HOW TO COMPLETE THIS TASK
Reproduce the entries below exactly, but leave the pictures out.
-- DATA TO USE follows --
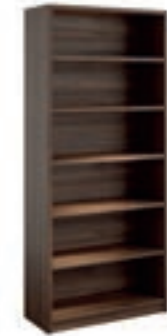

1000 sideboard
H875 x W1000 x D520mm
CODE: LUSS1000

1000 dresser/bookcase
H925 x W1000 x D340mm
CODE: LUSDT1000

1200 sideboard
H875 x W1200 x D520mm
CODE: LUSS1200

1200 dresser/bookcase
H925 x W1200 x D340mm
CODE: LUSDT1200
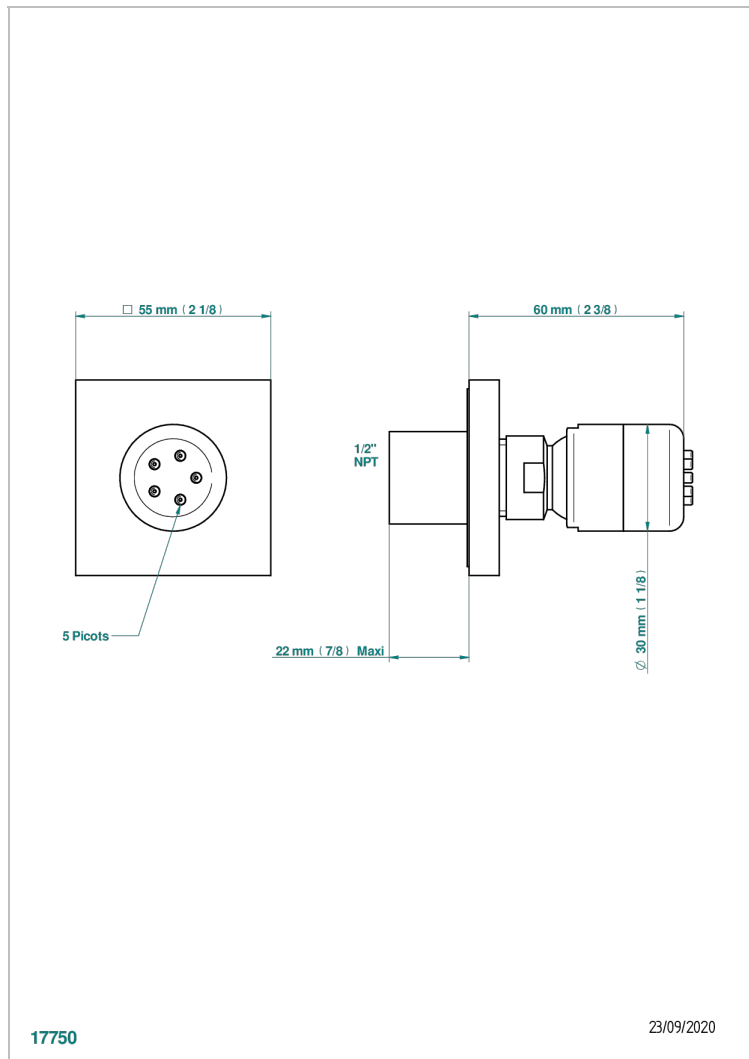

ICON-X WITH LEVER HANDLES

U7H-290/BUS

Body spray 1/2" with Easyclean system

CHARACTERISTIC

- Icon-x with lever handles
- Body spray 1/2" with Easyclean system

AVAILABLE FINITIONS

Black ceram - D30
Blush PVD - H62
Brass color PVD - H49
Brown bronze color PVD - F33
Chrome polished - A02
Gold color PVD - H52
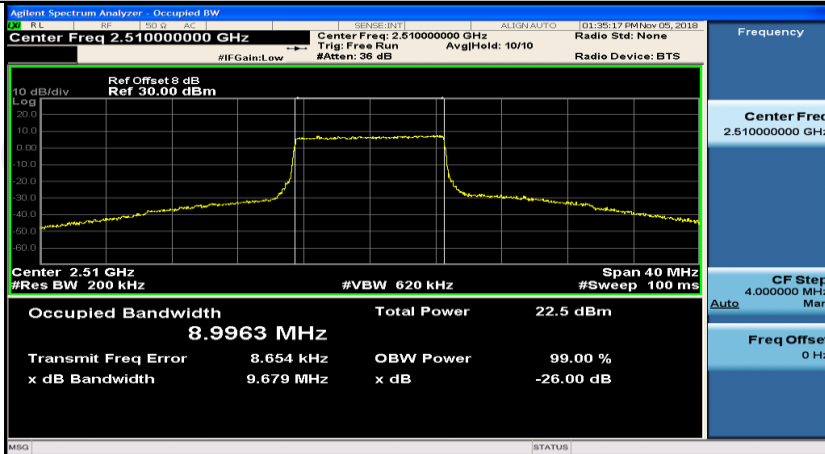

(Channel Bandwidth:20 MHz)_HCH_QPSK_50RB#25

(Channel Bandwidth:20 MHz)_HCH_QPSK_50RB#50

(Channel Bandwidth:20 MHz)_HCH_QPSK_100RB#0

(Channel Bandwidth:20 MHz)_LCH_16QAM_1RB#0

(Channel Bandwidth:20 MHz)_LCH_16QAM_1RB#50

(Channel Bandwidth:20 MHz)_LCH_16QAM_1RB#99

(Channel Bandwidth:20 MHz)_LCH_16QAM_50RB#0

(Channel Bandwidth:20 MHz)_LCH_16QAM_50RB#25

(Channel Bandwidth:20 MHz)_LCH_16QAM_50RB#50

(Channel Bandwidth:20 MHz)_LCH_16QAM_100RB#0
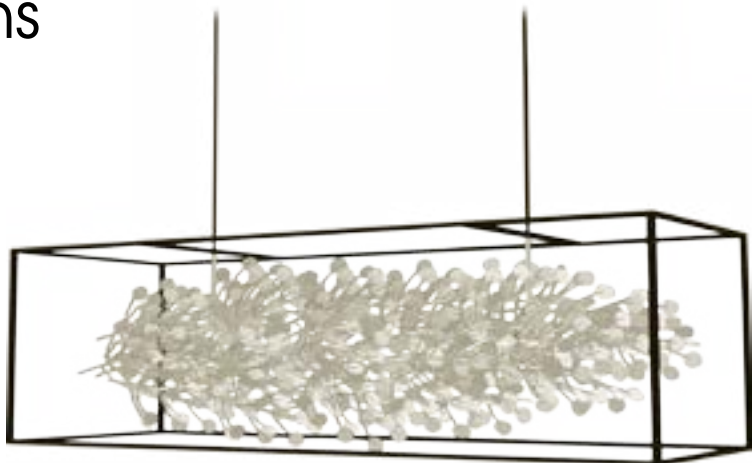

NEW Item Designs for 2015

**Cherry Blossom
Island Light**

**Fiori De Campo
Acrylic Capiz Pendant**
-- DATA TO USE concluded --
SOLUTION FOR THIS TASK
1000 sideboard
H875 x W1000 x D520mm
CODE: LUSS1000

1000 dresser/bookcase
H925 x W1000 x D340mm
CODE: LUSDT1000

1200 sideboard
H875 x W1200 x D520mm
CODE: LUSS1200

1200 dresser/bookcase
H925 x W1200 x D340mm
CODE: LUSDT1200

ICON-X WITH LEVER HANDLES

U7H-290/BUS

Body spray 1/2" with Easyclean system

CHARACTERISTIC

- Icon-x with lever handles
- Body spray 1/2" with Easyclean system

AVAILABLE FINITIONS

Black ceram - D30
Blush PVD - H62
Brass color PVD - H49
Brown bronze color PVD - F33
Chrome polished - A02
Gold color PVD - H52

(Channel Bandwidth:20 MHz)_HCH_QPSK_50RB#25

(Channel Bandwidth:20 MHz)_HCH_QPSK_50RB#50

(Channel Bandwidth:20 MHz)_HCH_QPSK_100RB#0

(Channel Bandwidth:20 MHz)_LCH_16QAM_1RB#0

(Channel Bandwidth:20 MHz)_LCH_16QAM_1RB#50

(Channel Bandwidth:20 MHz)_LCH_16QAM_1RB#99

(Channel Bandwidth:20 MHz)_LCH_16QAM_50RB#0

(Channel Bandwidth:20 MHz)_LCH_16QAM_50RB#25

(Channel Bandwidth:20 MHz)_LCH_16QAM_50RB#50

(Channel Bandwidth:20 MHz)_LCH_16QAM_100RB#0

NEW Item Designs for 2015

**Cherry Blossom
Island Light**

**Fiori De Campo
Acrylic Capiz Pendant**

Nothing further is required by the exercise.